• TASK DIRECTIONS: Reading the records below, count the lines in which the string "with" appears; write the number only.

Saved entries
<<<<

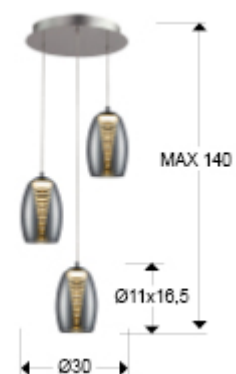

## Nebula

584326

### Pendants

Lamp of 3 LED lights, made of metal, chrome finish. Double shade, exterior made of shimmered glass and interior in clear polycarbonate with layered cone shape. Adjustable in length. 3x5W LED. 1.350 lm 3.000 K.

· This lamp is supplied with GRAVITY TOGGLES, to improve ceiling fixing.

## SIZES

Sizes: Ø 32.0 ↓ 85.0 cm  
 Height when installed: 35.0/ max. 150.0 cm  
 Weight: 2.1 Kg

>>>>

• REPLY: 2